▶ **Exercise**:
Working from the records below, repeat exactly the lines starting at the line that contains "City of Los Alamitos Zoning Map" and ending at the line that contains "- L-I: Limited Industrial", inclusive.

Content starts

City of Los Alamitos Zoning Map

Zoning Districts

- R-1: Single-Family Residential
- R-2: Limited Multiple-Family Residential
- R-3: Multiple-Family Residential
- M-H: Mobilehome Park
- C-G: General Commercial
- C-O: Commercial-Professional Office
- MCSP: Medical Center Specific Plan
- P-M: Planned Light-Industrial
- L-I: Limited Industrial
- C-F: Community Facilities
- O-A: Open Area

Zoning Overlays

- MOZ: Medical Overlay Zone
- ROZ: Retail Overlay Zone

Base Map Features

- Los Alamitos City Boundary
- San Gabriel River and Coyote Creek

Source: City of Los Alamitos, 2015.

Content ends
Content starts

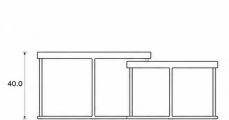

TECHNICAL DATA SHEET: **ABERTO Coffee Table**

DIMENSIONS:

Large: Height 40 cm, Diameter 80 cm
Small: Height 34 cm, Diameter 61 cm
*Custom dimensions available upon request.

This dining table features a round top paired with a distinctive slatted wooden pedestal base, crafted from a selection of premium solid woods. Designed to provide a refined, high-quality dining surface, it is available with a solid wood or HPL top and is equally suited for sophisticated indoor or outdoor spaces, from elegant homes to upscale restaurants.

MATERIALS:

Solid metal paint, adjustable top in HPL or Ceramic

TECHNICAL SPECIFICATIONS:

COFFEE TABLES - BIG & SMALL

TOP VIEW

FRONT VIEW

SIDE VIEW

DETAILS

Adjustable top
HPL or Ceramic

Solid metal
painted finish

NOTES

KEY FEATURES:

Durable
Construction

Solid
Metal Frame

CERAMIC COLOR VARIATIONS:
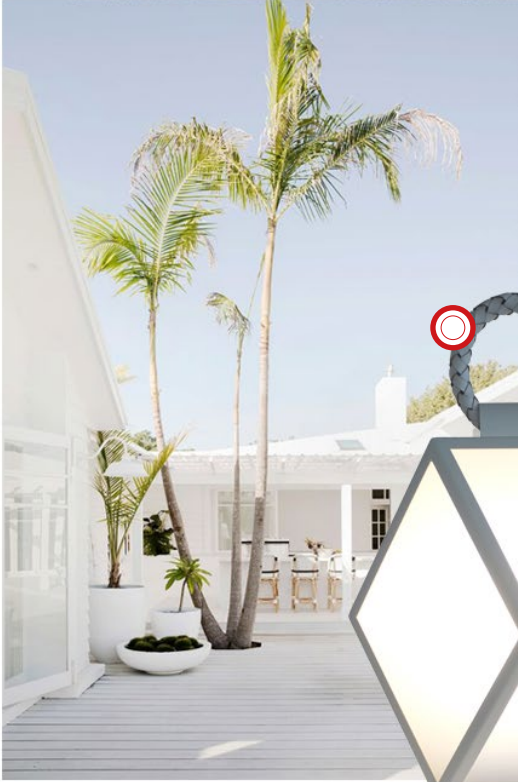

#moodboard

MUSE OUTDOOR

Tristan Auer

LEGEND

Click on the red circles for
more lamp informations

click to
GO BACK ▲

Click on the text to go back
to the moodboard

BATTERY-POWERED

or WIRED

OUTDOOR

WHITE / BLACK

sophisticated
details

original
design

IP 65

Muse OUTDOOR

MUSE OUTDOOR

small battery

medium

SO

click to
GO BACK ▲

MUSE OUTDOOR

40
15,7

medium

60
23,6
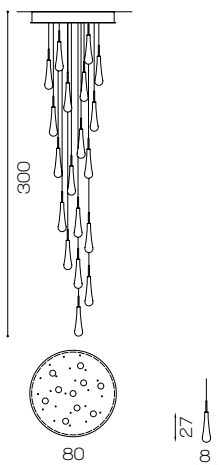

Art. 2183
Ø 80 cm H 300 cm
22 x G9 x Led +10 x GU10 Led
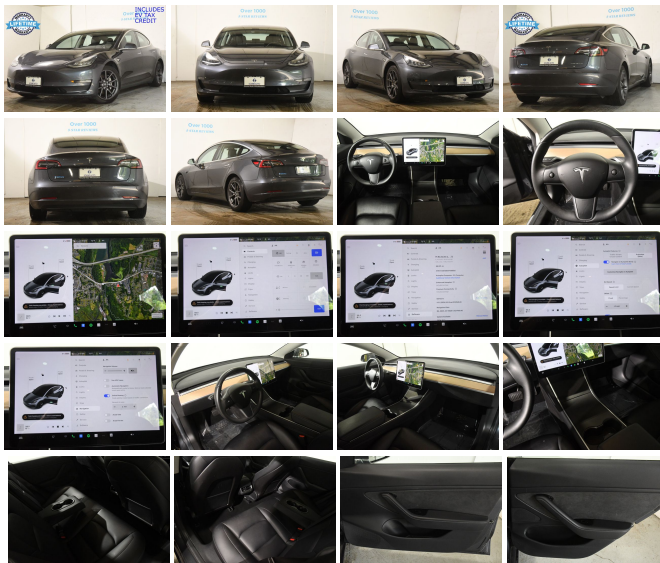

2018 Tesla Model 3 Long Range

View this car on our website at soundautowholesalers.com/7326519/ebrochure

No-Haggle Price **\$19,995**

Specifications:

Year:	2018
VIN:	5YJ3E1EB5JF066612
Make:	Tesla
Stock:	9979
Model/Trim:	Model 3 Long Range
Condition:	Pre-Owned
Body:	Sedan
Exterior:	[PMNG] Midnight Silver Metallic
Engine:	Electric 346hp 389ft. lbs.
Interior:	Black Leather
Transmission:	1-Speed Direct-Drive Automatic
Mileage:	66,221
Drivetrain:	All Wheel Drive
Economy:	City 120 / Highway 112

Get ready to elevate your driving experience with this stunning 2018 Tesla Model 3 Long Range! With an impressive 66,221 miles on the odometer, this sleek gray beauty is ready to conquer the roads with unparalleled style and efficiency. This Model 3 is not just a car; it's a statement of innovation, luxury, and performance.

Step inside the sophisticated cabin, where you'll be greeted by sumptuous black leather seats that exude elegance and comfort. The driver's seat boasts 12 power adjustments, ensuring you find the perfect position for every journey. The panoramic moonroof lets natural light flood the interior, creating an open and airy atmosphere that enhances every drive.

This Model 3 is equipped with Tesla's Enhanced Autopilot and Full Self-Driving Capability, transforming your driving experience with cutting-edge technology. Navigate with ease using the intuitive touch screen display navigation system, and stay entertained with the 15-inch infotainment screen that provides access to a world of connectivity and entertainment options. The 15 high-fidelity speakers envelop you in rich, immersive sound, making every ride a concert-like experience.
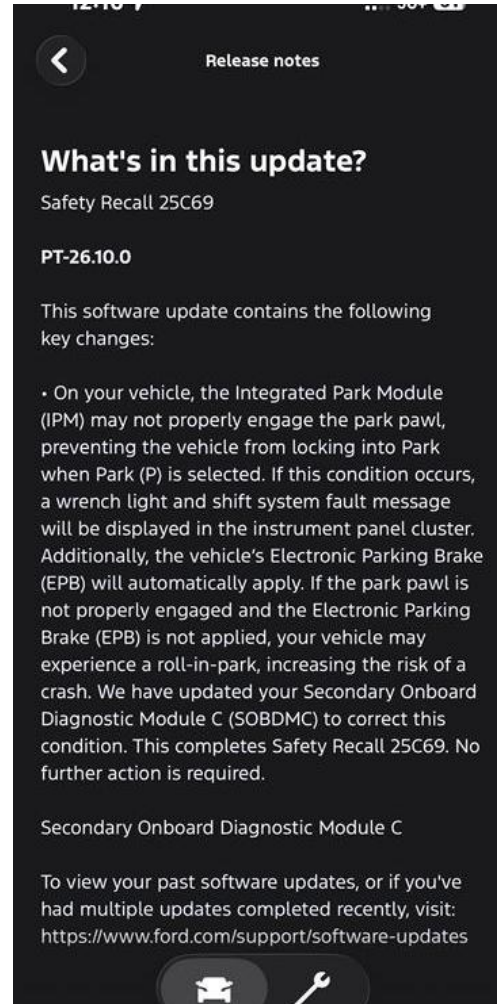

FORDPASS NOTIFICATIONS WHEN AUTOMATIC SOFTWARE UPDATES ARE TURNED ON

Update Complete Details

Content ends
Content starts

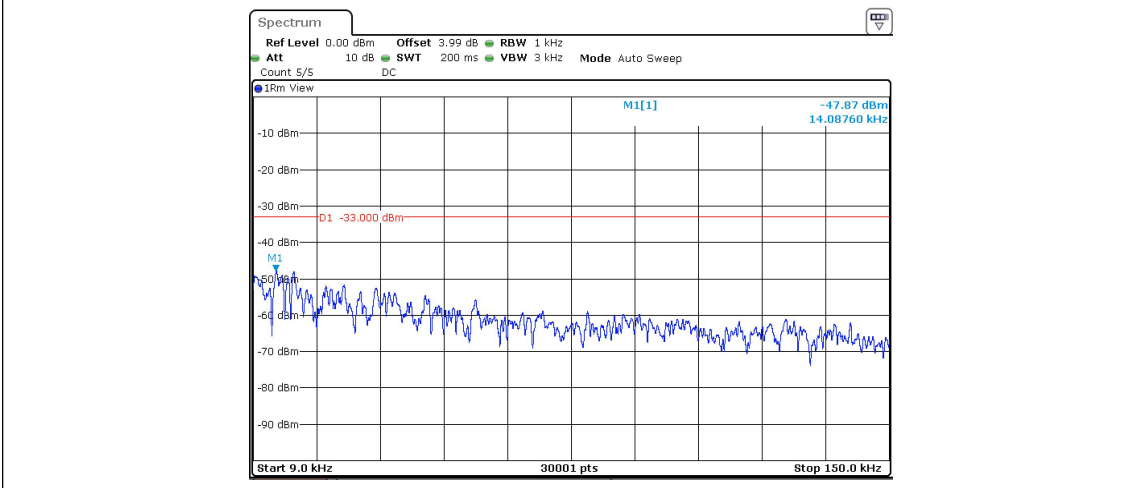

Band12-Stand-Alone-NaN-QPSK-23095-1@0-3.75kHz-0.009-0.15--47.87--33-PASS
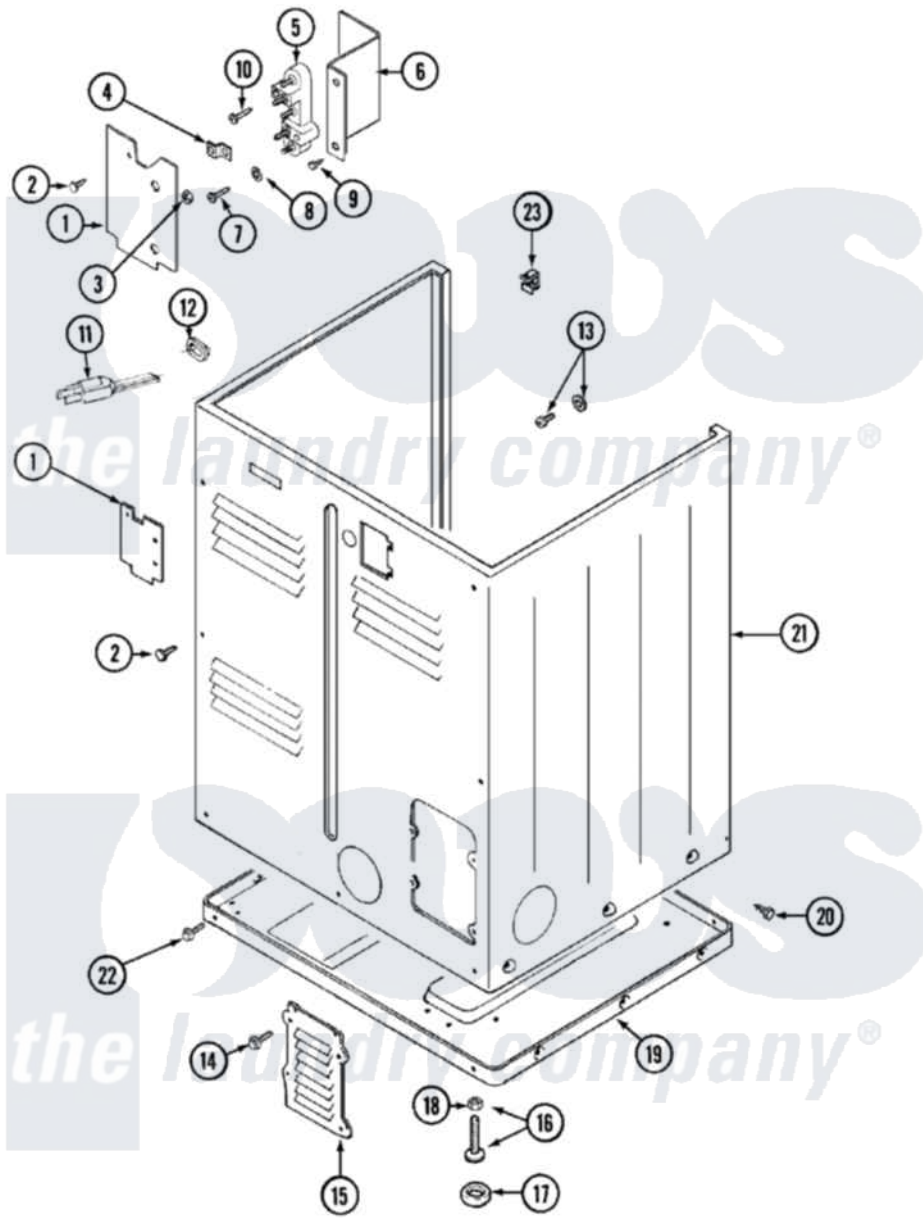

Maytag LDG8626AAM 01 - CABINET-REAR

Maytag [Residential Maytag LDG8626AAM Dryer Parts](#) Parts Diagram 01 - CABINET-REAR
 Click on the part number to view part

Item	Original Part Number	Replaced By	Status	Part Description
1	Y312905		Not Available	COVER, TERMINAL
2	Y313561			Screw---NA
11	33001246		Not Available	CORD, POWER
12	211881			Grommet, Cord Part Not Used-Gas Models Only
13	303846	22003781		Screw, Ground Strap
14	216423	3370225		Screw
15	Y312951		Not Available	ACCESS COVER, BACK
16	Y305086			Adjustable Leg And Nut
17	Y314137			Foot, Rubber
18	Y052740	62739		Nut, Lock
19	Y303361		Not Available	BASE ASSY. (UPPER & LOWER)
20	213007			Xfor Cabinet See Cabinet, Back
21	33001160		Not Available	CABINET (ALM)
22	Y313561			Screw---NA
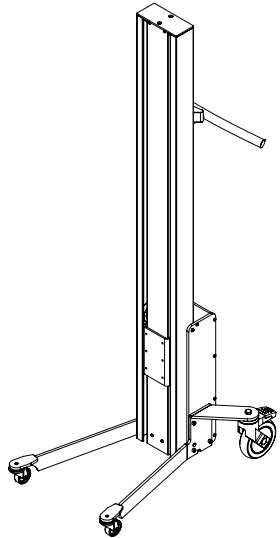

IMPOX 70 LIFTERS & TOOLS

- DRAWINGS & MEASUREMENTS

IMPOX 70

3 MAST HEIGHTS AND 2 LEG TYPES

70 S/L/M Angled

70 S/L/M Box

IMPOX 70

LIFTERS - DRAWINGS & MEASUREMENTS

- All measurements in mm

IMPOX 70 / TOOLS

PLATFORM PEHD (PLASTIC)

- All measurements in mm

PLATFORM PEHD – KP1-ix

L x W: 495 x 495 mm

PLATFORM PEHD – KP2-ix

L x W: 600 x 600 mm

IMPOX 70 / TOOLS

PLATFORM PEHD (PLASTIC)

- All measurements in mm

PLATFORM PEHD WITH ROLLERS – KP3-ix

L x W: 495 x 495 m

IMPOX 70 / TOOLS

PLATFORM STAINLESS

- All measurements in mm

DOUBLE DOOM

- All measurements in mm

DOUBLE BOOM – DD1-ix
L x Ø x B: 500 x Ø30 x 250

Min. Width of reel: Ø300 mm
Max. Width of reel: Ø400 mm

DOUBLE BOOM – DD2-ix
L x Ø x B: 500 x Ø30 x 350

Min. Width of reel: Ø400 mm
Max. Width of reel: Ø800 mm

Content ends

▶ **Reply**:
City of Los Alamitos Zoning Map

Zoning Districts

- R-1: Single-Family Residential
- R-2: Limited Multiple-Family Residential
- R-3: Multiple-Family Residential
- M-H: Mobilehome Park
- C-G: General Commercial
- C-O: Commercial-Professional Office
- MCSP: Medical Center Specific Plan
- P-M: Planned Light-Industrial
- L-I: Limited Industrial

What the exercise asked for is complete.